- **Supplied entries**
++++++++++

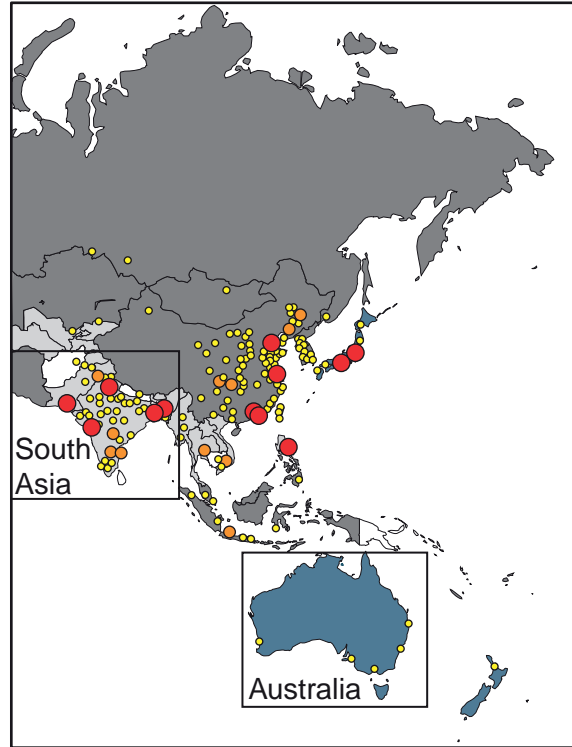

Fig. 3 for Question 4

Actual and projected total fertility rates for MEDCs, LEDCs and the world, 1970 to 2050

6

Photograph B for Question 5

A refugee camp in an LEDC

Figs 4A and 4B for Question 6

Percentage urban population and city sizes in Asia and Oceania, 2011 and 2025 (projected)

Fig. 4A

2011

Key

Percentage Urban

- 76–100%
- 51–75%
- 26–50%
- 0–25%

Fig. 4B

2025 (projected)

City Sizes
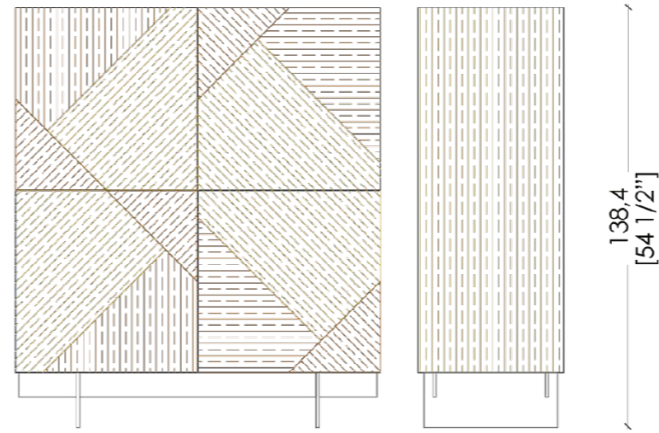

MATERIA COLLECTION

LUXURY DECOR & BESPOKE SOLUTIONS

TATAMI ALTO – TATAMI COLLECTION

LAURAMERONI
design . collection

High sideboard with decorative push-pull hinged doors. Tatami Alto sideboard is available with different doors compositions and color combinations.

Tatami Alto is internally equipped with 2 drawers and 3 shelves, and is otherwise available with Bar option featuring a mirror methacrylate back panel, LED lights on the vertical sides and a steel glass holder.

TATAMI SIDEBOARD

TTC 5

TTC 6

TTC 7

TTC 8

Bronze

Gold

Silver

++++++++++

- **Task objective**
Return the material line for line, from its beginning to the line that contains "High sideboard with", with the pictures left out.

- **Result below**
Fig. 3 for Question 4

Actual and projected total fertility rates for MEDCs, LEDCs and the world, 1970 to 2050

6

Photograph B for Question 5

A refugee camp in an LEDC

Figs 4A and 4B for Question 6

Percentage urban population and city sizes in Asia and Oceania, 2011 and 2025 (projected)

Fig. 4A

2011

Key

Percentage Urban

- 76–100%
- 51–75%
- 26–50%
- 0–25%

Fig. 4B

2025 (projected)

City Sizes

MATERIA COLLECTION

LUXURY DECOR & BESPOKE SOLUTIONS

TATAMI ALTO – TATAMI COLLECTION

LAURAMERONI
design . collection

High sideboard with decorative push-pull hinged doors. Tatami Alto sideboard is available with different doors compositions and color combinations.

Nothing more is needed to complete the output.